Stored items from a collection
——————

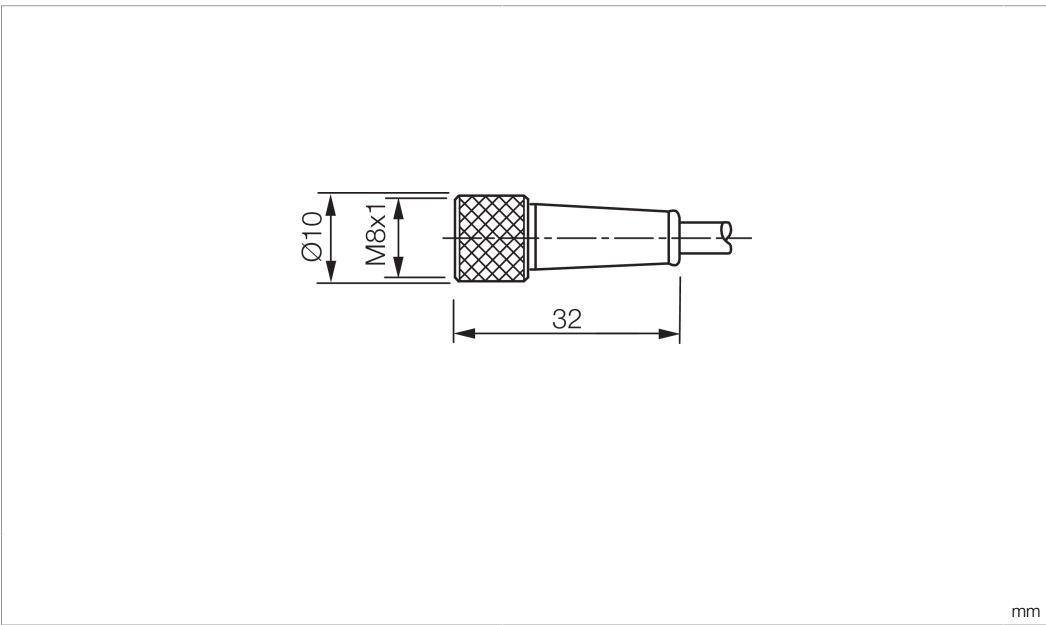

BK : 黑色
BN : 棕色
BU : 蓝色

技术数据	+20°C, 24 V DC
型式	直型 / 裸露的电缆端部
电缆长度	5.000 mm
工作电压	< 60 V AC/DC
特点	金属螺母
材料	电缆, 插头, PVC, PVC
工作环境温度	-5 ... +80 °C
防护等级	IP 67
连接	插口, M8, 3 针

安全提示

一般安全提示
警告！没有符合 2006/42/EU 和 EN 61496-1 /-2 标准的安全结构件！不得用于人身安全保护！不遵守规定会导致死亡或重伤危险！仅按规定使用！

——————

*DIRECTIONS*. What is needed is an exact copy of every entry, with the pictures removed.

*EXERCISE RESPONSE*.
BK : 黑色
BN : 棕色
BU : 蓝色

技术数据	+20°C, 24 V DC
型式	直型 / 裸露的电缆端部
电缆长度	5.000 mm
工作电压	< 60 V AC/DC
特点	金属螺母
材料	电缆, 插头, PVC, PVC
工作环境温度	-5 ... +80 °C
防护等级	IP 67
连接	插口, M8, 3 针

安全提示

一般安全提示
警告！没有符合 2006/42/EU 和 EN 61496-1 /-2 标准的安全结构件！不得用于人身安全保护！不遵守规定会导致死亡或重伤危险！仅按规定使用！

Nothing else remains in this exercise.